The Adventures of Kidney Boy

A Journal About Living With End Stage Renal Disease. Dialysis. Transplants. Love. Family. Friends. The Unsung Donor. This is my life, from the end of a needle to the bottom of a pill bottle.

Sunday, September 5, 2021

Highway Song (1 of 12)

 The hitchhiker stood on a wet patch of gravel next to the side of the road.  The morning clouds had given up a little rain earlier; he was glad to have spent that little shower underneath the old car park he'd slept in the night before. The roof was standing and sturdy on the old car port, but the house it once belonged to was not in such good shape.  The home, long since abandoned, had caved in on itself long ago, he estimated.  The weeds and growth around the old property suggested so - but the car port looked warm, dry and relatively safe - the old house was set back from the old highway a ways, and with no one to maintain the property, the old shrubbery out front obscured most of the places existence. He'd looked through the house briefly - noting the old newspapers and magazines from the late 70s to the mid 80s.  The house had been deserted for probably over 35 years.  It was a shame no one seemed to want this old property, he thought.  It was kind of out of the way.  It was the lone house for miles in a long stretch of old highway, built long ago before America's super highways had made these old state routes less traveled.  Not that the road was abandoned, far from it - but it was less traveled than it once was.  In fact, the whole roadway was littered with old abandoned hotels and motels, that were probably once full of travelers and vacationers in mid-century America. Most of those places, though the business was given up, still had visitors... more transients.  Much like himself, but yet not like me he thought.  Sadly, many were junkies - chasing the dragon with old dirty needles, or succumbing to the latest drug plaguing the lower classes - methamphetamine.  The hitchhiker steered clear of that stuff.  He traveled light - a small backpack with a blanket, some old clothes inside, whatever snacks or food he managed to get, and his old guitar. It was a beat up Takamine someone in Toledo had traded to him for a pocket knife.  He was glad to have an instrument again - it made a nice traveling partner.  It also seemed to endear him more to people who might stop to give him a lift - even if he didn't play, something about it made others more at ease.  He hoped it did.  He didn't want to hurt anyone. He just wanted to keep going.  Where? Somewhere

The patch of gravel next to the road was about 2 miles down from the car port he'd slept it; he started walking down the road and waited to see where he'd get. He knew there was a little town about 20 miles up ahead.  He'd stop in there, and see what he could find.  A pharmacy, maybe. Hopefully a little restaurant - he'd managed to save a little money from the last job he grabbed at the previous town he shuffled into.  He helped a local road crew pave some roads for a few days, and at the end, he gave back the orange jacket they'd handed him, and handed him a wad of cash. A nod, a hand shake, and he went back on the road.

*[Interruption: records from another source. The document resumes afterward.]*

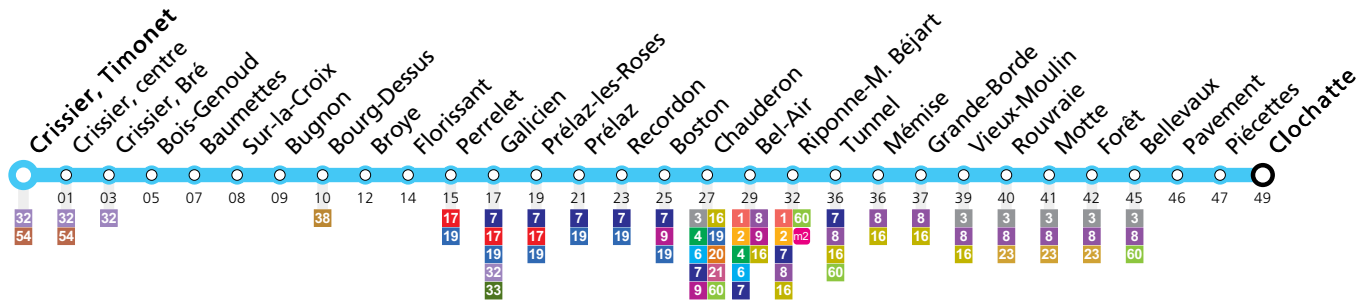

Lundi-Vendredi

Crissier, Timonet	18:46	18:56	19:04	19:14	19:24	19:34	19:44	19:54	20:04	20:15	20:25	20:35	20:48	20:56	21:12	21:24	21:39	21:54	22:10	22:25	22:40
Crissier, Bré	18:49	18:59	19:07	19:17	19:27	19:37	19:47	19:57	20:07	20:18	20:28	20:38	20:51	20:59	21:15	21:27	21:42	21:57	22:13	22:28	22:43
Bugnon	18:54	19:04	19:12	19:22	19:32	19:42	19:51	20:01	20:11	20:22	20:32	20:42	20:55	21:03	21:18	21:30	21:45	22:00	22:16	22:31	22:46
Perrelet	18:59	19:09	19:17	19:27	19:37	19:47	19:56	20:06	20:16	20:27	20:37	20:47	21:00	21:08	21:23	21:35	21:50	22:05	22:20	22:35	22:50
Galicien	19:01	19:11	19:19	19:29	19:39	19:49	19:58	20:08	20:18	20:29	20:39	20:49	21:02	21:10	21:25	21:37	21:52	22:07	22:22	22:37	22:52
Prélaz-les-Roses	19:03	19:13	19:21	19:31	19:41	19:51	20:00	20:10	20:20	20:31	20:41	20:51	21:04	21:12	21:27	21:39	21:54	22:09	22:24	22:39	22:54
Chauderon	19:10	19:20	19:28	19:37	19:47	19:57	20:06	20:16	20:26	20:37	20:47	20:57	21:10	21:18	21:33	21:45	22:00	22:15	22:30	22:45	23:00
Bel-Air	19:12	19:22	19:30	19:39	19:49	19:59	20:07	20:17	20:27	20:38	20:48	20:58	21:11	21:19	21:34	21:46	22:01	22:16	22:31	22:46	23:01
Riponne-M. Béjart	19:15	19:25	19:33	19:42	19:52	20:02	20:10	20:20	20:30	20:41	20:51	21:01	21:14	21:22	21:36	21:48	22:03	22:18	22:33	22:48	23:03
Tunnel	19:19	19:29	19:37	19:46	19:56	20:06	20:14	20:24	20:34	20:45	20:55	21:04	21:17	21:25	21:39	21:51	22:06	22:21	22:36	22:51	23:06
Vieux-Moulin	19:22	19:32	19:40	19:49	19:59	20:09	20:17	20:27	20:37	20:48	20:58	21:07	21:20	21:28	21:42	21:54	22:09	22:24	22:39	22:53	23:08
Rouvraie	19:23	19:33	19:41	19:50	20:00	20:10	20:18	20:28	20:38	20:49	20:59	21:08	21:21	21:29	21:43	21:55	22:10	22:25	22:40	22:54	23:09
Bellevaux	19:27	19:37	19:45	19:54	20:03	20:13	20:21	20:31	20:41	20:52	21:02	21:11	21:24	21:32	21:46	21:58	22:13	22:28	22:43	22:57	23:12
Clochatte	19:30	19:40	19:48	19:57	20:06	20:16	20:24	20:34	20:44	20:55	21:05	21:14	21:27	21:35	21:49	22:01	22:15	22:30	22:45	22:59	23:14
Crissier, Timonet	22:55	23:10	23:25	23:40	23:55	00:10	00:18	00:30	00:44												
Crissier, Bré	22:58	23:13	23:28	23:43	23:58	00:13	00:21	00:33	00:47												
Bugnon	23:01	23:16	23:31	23:46	00:01	00:16	00:24	00:36	00:50												
Perrelet	23:05	23:20	23:35	23:50	00:05	00:20	00:28	00:40	00:54												
Galicien	23:07	23:22	23:37	23:52	00:07	00:22		00:42													
Prélaz-les-Roses	23:09	23:24	23:39	23:54	00:09	00:24		00:44													
Chauderon	23:15	23:30	23:45	00:00	00:15	00:30		00:50													
Bel-Air	23:16	23:31	23:46	00:01	00:16	00:31		00:51													
Riponne-M. Béjart	23:18	23:33	23:48	00:03	00:18	00:33		00:53													
Tunnel	23:20	23:35	23:50	00:05	00:20	00:35		00:55													
Vieux-Moulin	23:22	23:37	23:52	00:07	00:22	00:37		00:57													
Rouvraie	23:23	23:38	23:53	00:08	00:23	00:38															
Bellevaux	23:26	23:41	23:56	00:11	00:26	00:41															
Clochatte	23:28	23:43	23:58	00:13	00:28	00:43															

Remarques:

▲ Passage prévu dans les minutes données

Fêtes: Vendredi Saint, Lundi de Pâques, Ascension, Lundi de Pentecôte, 1er août et Lundi du Jeûne fédéral
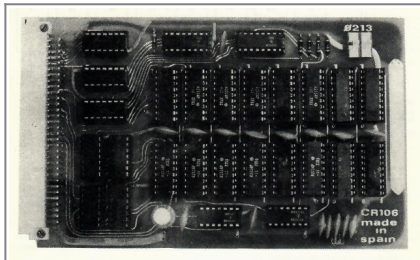

Además de todo esto tenía una pequeña impresora matricial y un monitor de fósforo verde de 21 líneas por 60 caracteres integrado.

Módulos utilizados en el Drac-1

CR-101

La tarjeta de Expansión CR-101 esta compuesta principalmente por el Procesador Rockell 6502 de 1Mhz, una controladora Rockwell 6532 y un Adaptador Versátil de Inerfaz 6522. También podía disponer de EPROMs 2716 o 2708.

Foto del CR-101

Diagrama de bloques del CR-101

CR-106

El CR-106 era un módulo de expansión de 8Kb de RAM diseñado y fabricado por comelta para el AIM-65. El Drac-1 montaba 3 de estos para tener 24Kb de RAM. Esta expansión utilizaba un conector DIN de 64 contactos. Según la hoja de datos de Comelta sobre esta expansión, esta podía ser insertada directamente en el AIM-65 o conectada a través del CR-401 para tener un máximo de 40Kb de RAM.

Ficha del Comelta DRAC-1	
	
Lanzamiento	1982
CPU	2 RockWell 6502 @ 1Mhz
RAM	24Kb
ROM	36Kb
Almacenamiento	Soporte para Cassette, 2 Disketteras 5,25 de 320Kb a doble cara y un Programador EEPROM
Sistema Operativo	(Propio) Con Interprete de Basic 1.1 y Ensamblador
Monitor integrado	21 líneas de 60 caracteres monocromo
Otros	Impresora matricial integrada
Precio	Desde 375000 Pesetas

Foto del CR-106

Diagrama de bloques del
CR-106

CR-108

El CR-108 es una tarjeta de expansión que añade un programador de Epron al AIM-65 compatible con EPROM 2708 y 2716

Foto del CR-108

Diagrama de bloques del
CR-108
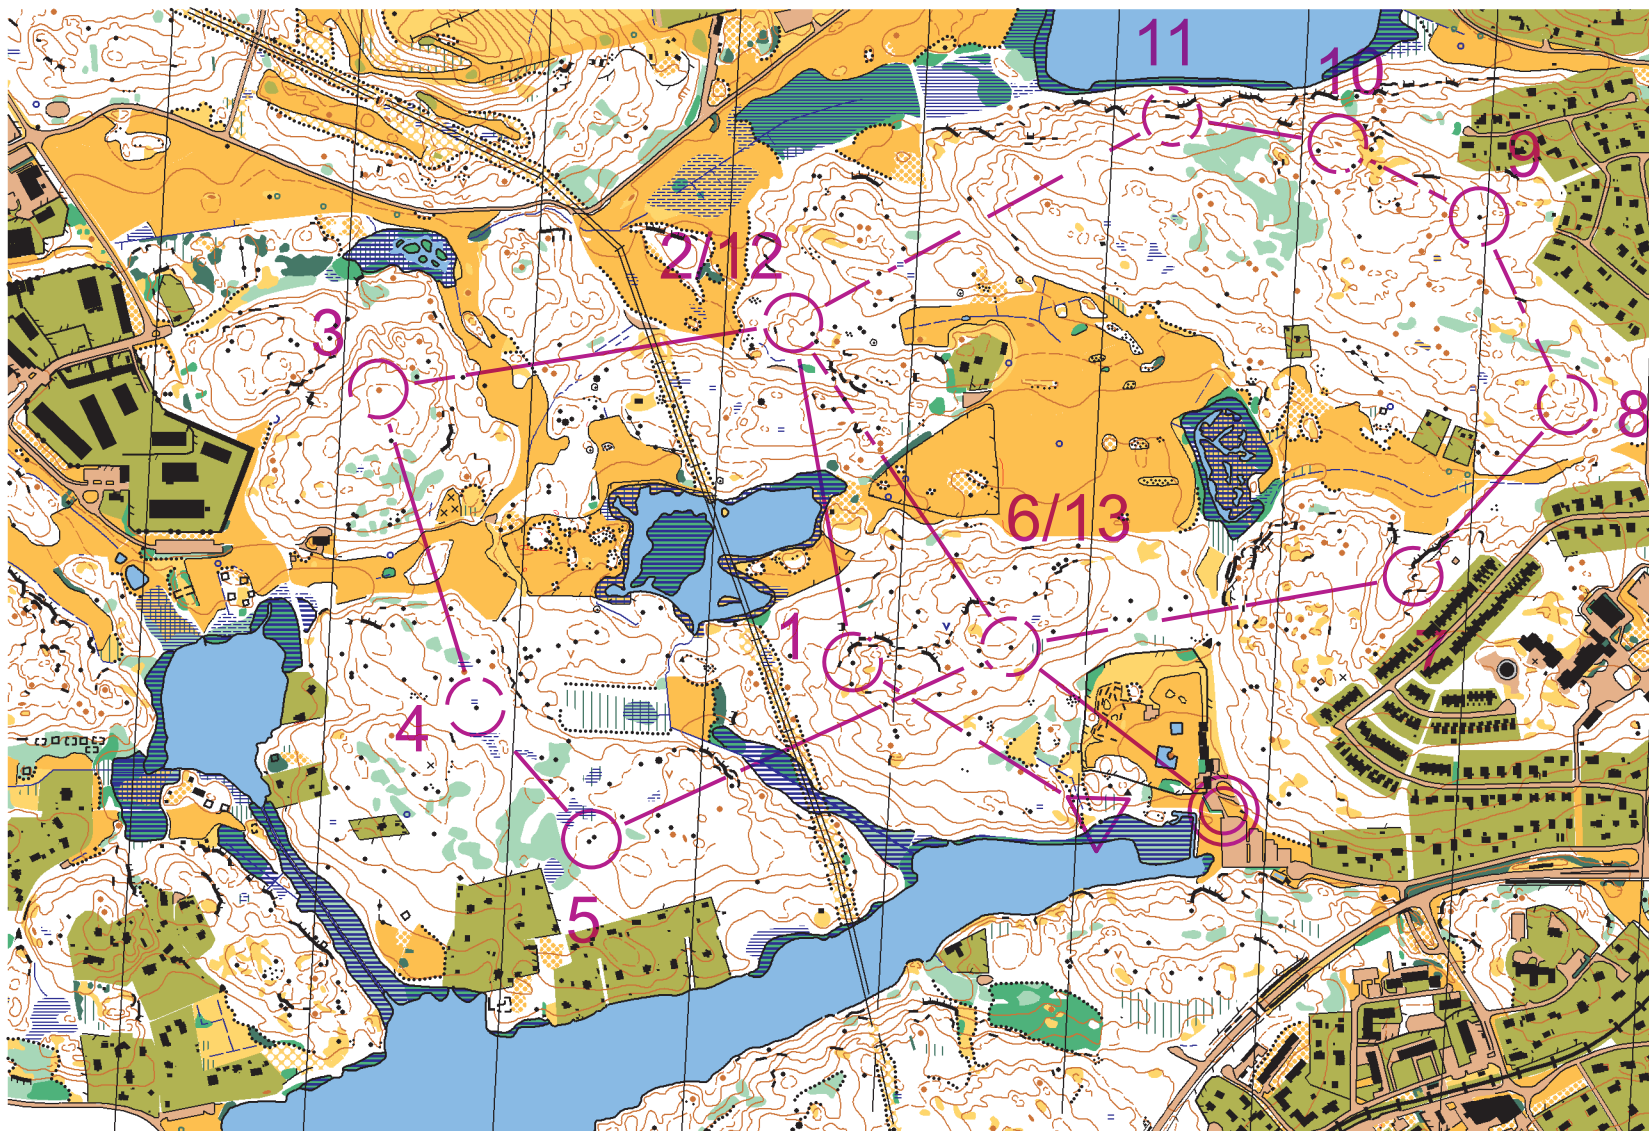

LÅNGÄNGEN

Skala 1 : 10 000, Ekvidistans 4m

(1 mm på kartan = 10 m i naturen)

0 100 200 300 400 500m

Framställd 2015 av IFK Lidingö SOK

All kopiering utan tillstånd från
IFK Lidingö SOK är förbjuden.

Grundmaterial: Bengt Stark, Nora
Kartproduktion: Kartprojekt AB, Mörrum
Godkänd SOFT: 2009-04-08 A 801
Godkänd LMV: 2009-02-24
Hemsida: www.ifklidingo.se

Veckans Bana #13

Kontroller sitter ute 30/7-8/9

ORIENTERING

VB 2018 #13

Långa		5,7 km		
▷		↗	↘	
1	31	↑	▲	
2	32	↖		∩
3	33	●		
4	34	▲		
5	35	▲	▲	≡
6	40	▲		
7	36		≡	
8	37	∩		
9	38	▲		
10	39	●		
11	41	↓	≡	
12	32	↖		∩
13	40	▲		
○	360 m			○

He didn't often think of where he'd come from - he thought often of where he'd been... but that old home he was once from? He hadn't been there in years.  Didn't have a reason to - everyone was gone.  When you're orphaned into the world, and your siblings won't claim to know you - you've got to find your own path. Which is just what he did. So he here was on the road - in a state he was not from, but rapidly learning to love as his own.  He felt a kinship with this place as of late - and something made him think that this would be his home.  Somewhere around her.  But for now, he heard a car coming down the old highway, and he stuck his thumb out gently as those who ply in his trade do.  The sound of wheels slowing down reached his ear, and soon, an automobile had stopped next to his gravel patch.